Practical Applications
Immediate Applications
The following applications can be deployed now by redirecting strategy, updating governance, and building tools that leverage the paper’s core finding: under the Church–Turing framework and the paper’s creativity definition, algorithmic systems can recombine and permute existing functionality but cannot originate genuinely new functionality.
- Composable narrow-AI product strategy across sectors (software, robotics, healthcare, finance, education)
- Use case: Replace “general-purpose AGI” roadmaps with a portfolio of specialized models orchestrated via a capability router (e.g., task-specific planners, domain retrievers, validation modules).
- Tools/products/workflows: “Capability registry” (catalog of vetted model functions), “Model orchestrator” microservice layer, formal specs for each model’s operational design domain (ODD).

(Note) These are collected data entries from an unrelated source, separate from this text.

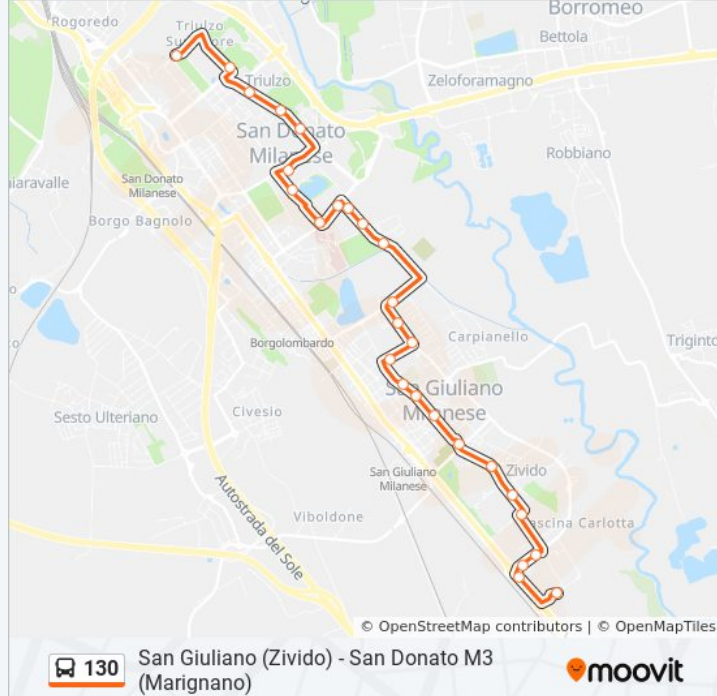

Via Maritano Via Monticello (S. Donato)

Via Europa (Ospedale) (S. Donato)

Via Europa P.za Dalla Chiesa (S. Donato)

Via Martiri Di Cefalonia (S. Donato)

V.le De Gasperi (Palazzo Uffici) (S. Donato)

V.le De Gasperi Via Agadir (Scuole) (S. Donato)

V.le De Gasperi Via Spilamberto (S. Donato)

Via Triulziana Via Dei Tigli (S. Donato)

San Donato M3

Orari, mappe e fermate della linea bus 130 disponibili in un PDF su moovitapp.com. Usa [App Moovit](https://moovitapp.com) per ottenere tempi di attesa reali, orari di tutte le altre linee o indicazioni passo-passo per muoverti con i mezzi pubblici a Milano e Lombardia.

[Scopri Moovit](#) • [Soluzioni MaaS](#) • [Paesi disponibili](#) • [Mooviter Community](#)

© 2024 Moovit - Tutti i diritti riservati

Controlla gli orari di arrivo in tempo reale
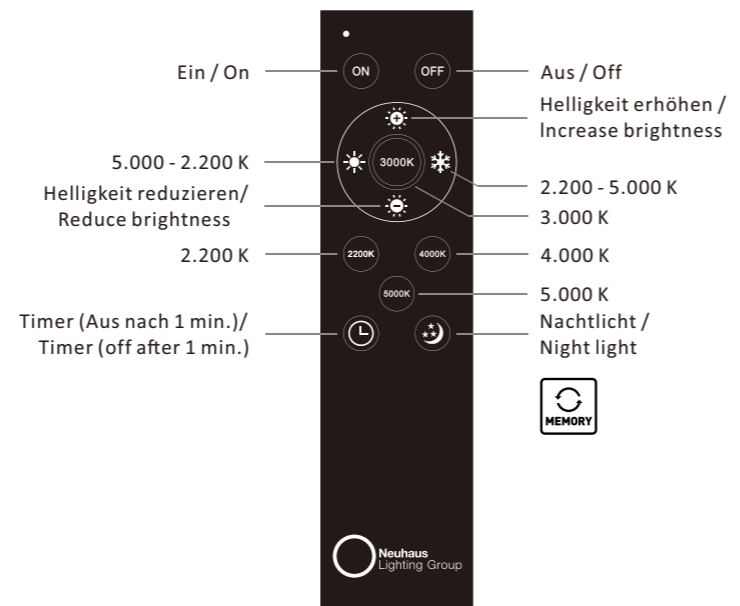

IT Questo prodotto contiene una sorgente luminosa della classe di efficienza energetica <F>.

NL Dit product bevat een lichtbron van energie-efficiëntieklasse <F>.

LED 7 W

700 lm

10 W

280 lm

t 20.000 h

T_K 2.200-5.000 K

2x 1,5V AAA

OFF / 0

3

2

4

Anlernen der Fernbedienung an die Leuchte

Schalten Sie die Leuchte über den Wandschalter ein. Drücken Sie innerhalb von 5 Sekunden die ON-Taste auf der Fernbedienung. Die Leuchte ist nun angelern und kann über die Fernbedienung gesteuert werden.

!!! Eine Fernbedienung kann unbegrenzt viele Leuchten steuern. Eine Leuchte kann von einer Fernbedienung angesteuert werden !!!

Assigning the remote control to the light

Switch the light on via the wall switch. Press the ON button on remote control within 5 seconds. The light is now assigned and can be operated by the remote control.

!!! A remote control can control an unlimited number of lights. A light can be operated by one remote control !!!

Beschreibung / Description	Betriebsgröße / Operation data
Batterie / Battery	2x AAA, 1,5V
Sendefrequenz / Transmission frequency	2,4 GHz
Sendeleistung / Transmission power	10 mW
Leerlaufstrom / No-load current	0,001 mA
Betriebsstrom / Operating current	max.15 mA
Reichweite der Fernbedienung / Range of the remote control	6-8 m

- Assumptions/dependencies: Access to domain datasets; acceptance of the paper’s AGI definition; engineering resources for integration; clear performance metrics per task.

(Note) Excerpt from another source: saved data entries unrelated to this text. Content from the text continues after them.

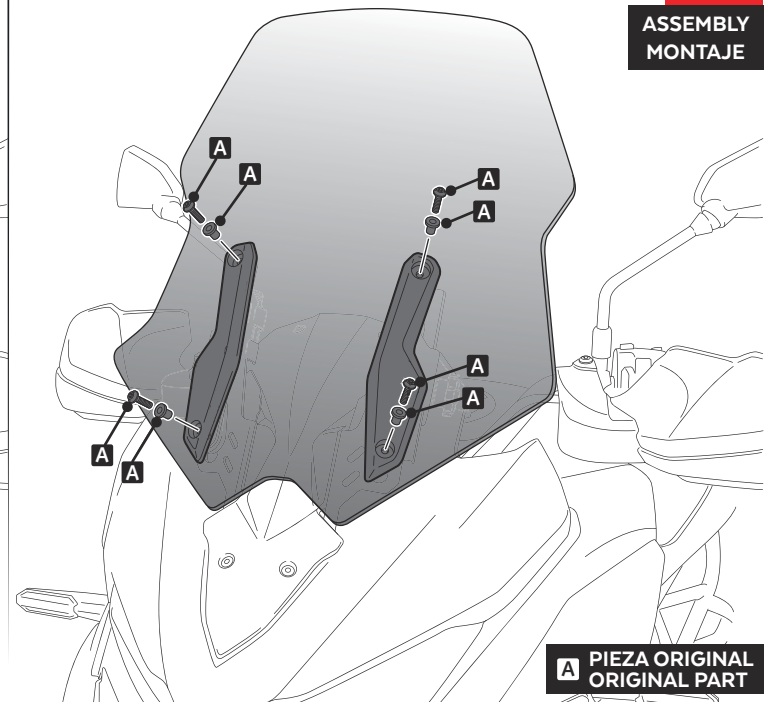

ID	PIEZA/PART	DESCRIPCIÓN	DESCRIPTION	QTY	REF
1		Cúpula	Screen	1	3640F/H/WM3

KAWASAKI VERSYS 1000 SE '19-

INSTRUCCIONES DE MONTAJE - MOUNTING INSTRUCTIONS - MONTAGEANLEITUNG

1

DISASSEMBLY
DESMONTAJE

2

DISASSEMBLY
DESMONTAJE

3

ASSEMBLY
MONTAJE

4

ASSEMBLY
MONTAJE

VISERA MULTIREGULABLE MULTI-ADJUSTABLE VISOR

CÚPULA TIPO
TYPE WINDSCREEN **A**

CÚPULA TIPO
TYPE WINDSCREEN **B**

CÚPULA TIPO
TYPE WINDSCREEN **C**

ID.	PIEZA / PART	DESCRIPCIÓN	DESCRIPTION	QTY.
1		Visera	Visor	1
2		Plantilla	Template	1
3		Mecanismo multiregulable	Multi-adjustable mechanism	2
4		Tapeta	Cap	4
5		Tornillo rosca plástico M6x12	Plastic thread fastener M6x12	8

- AI governance and marketing compliance (industry, policy, consumer protection)
- Use case: Establish internal review boards that prohibit “AGI” claims and require accuracy in capability statements; add standardized disclaimers about limits (no genuine novelty creation).

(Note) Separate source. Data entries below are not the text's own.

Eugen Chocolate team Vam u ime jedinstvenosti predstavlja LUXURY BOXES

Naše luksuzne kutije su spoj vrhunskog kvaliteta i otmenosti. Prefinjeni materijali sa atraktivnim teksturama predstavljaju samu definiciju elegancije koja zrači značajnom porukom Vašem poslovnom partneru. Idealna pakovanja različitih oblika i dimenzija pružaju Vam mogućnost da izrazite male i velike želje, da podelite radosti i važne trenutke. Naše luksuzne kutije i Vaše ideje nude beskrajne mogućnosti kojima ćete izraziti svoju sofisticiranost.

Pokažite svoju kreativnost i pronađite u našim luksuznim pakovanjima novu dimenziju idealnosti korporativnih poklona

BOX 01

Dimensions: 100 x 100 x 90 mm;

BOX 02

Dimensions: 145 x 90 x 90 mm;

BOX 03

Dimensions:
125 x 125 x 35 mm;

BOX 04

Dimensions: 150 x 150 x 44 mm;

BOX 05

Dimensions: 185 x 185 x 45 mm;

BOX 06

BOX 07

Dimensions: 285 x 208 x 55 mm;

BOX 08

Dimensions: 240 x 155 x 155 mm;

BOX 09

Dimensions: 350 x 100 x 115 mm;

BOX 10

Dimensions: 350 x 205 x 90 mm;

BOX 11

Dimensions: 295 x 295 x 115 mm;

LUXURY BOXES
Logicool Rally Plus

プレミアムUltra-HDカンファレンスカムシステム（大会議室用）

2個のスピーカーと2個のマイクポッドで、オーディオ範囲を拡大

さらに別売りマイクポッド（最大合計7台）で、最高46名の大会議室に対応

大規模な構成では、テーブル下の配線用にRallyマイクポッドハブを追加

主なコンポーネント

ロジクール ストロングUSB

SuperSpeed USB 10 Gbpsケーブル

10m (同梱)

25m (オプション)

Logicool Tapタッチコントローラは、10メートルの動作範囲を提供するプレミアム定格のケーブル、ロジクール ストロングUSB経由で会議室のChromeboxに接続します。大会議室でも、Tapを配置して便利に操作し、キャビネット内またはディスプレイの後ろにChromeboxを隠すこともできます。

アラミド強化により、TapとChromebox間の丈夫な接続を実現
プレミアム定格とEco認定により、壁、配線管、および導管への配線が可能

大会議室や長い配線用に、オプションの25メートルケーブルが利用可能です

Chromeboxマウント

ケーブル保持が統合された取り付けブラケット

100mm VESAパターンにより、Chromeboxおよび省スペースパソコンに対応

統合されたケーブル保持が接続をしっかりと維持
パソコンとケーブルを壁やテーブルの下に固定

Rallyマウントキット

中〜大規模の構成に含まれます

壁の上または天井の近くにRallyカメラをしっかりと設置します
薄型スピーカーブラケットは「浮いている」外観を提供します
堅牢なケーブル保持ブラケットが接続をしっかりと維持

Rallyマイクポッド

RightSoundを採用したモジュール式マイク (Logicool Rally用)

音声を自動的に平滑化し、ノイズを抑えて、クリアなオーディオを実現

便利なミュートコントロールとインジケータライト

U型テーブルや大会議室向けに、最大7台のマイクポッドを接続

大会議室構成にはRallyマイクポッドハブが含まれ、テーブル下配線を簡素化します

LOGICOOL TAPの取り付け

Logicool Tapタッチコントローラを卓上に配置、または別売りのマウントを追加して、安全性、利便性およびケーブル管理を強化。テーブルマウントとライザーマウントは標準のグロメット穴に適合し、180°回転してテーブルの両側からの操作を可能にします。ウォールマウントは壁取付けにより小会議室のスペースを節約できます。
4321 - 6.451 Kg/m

- Tools/products/workflows: “AGI claim review checklist,” template disclosures (“model outputs are recombinations of existing functionality/data”).
- Assumptions/dependencies: Regulatory alignment; legal counsel; organizational buy-in.
- Safety and risk management reprioritization (policy, security, platforms)
- Use case: Shift AI risk frameworks away from speculative runaway agency toward concrete harms (misuse, bias, privacy violations, fraud, disinformation, over-trust).
- Tools/products/workflows: Updated threat models; misuse monitoring; bias audits; privacy-by-design guidelines.
- Assumptions/dependencies: Revised safety budgets; cross-functional training.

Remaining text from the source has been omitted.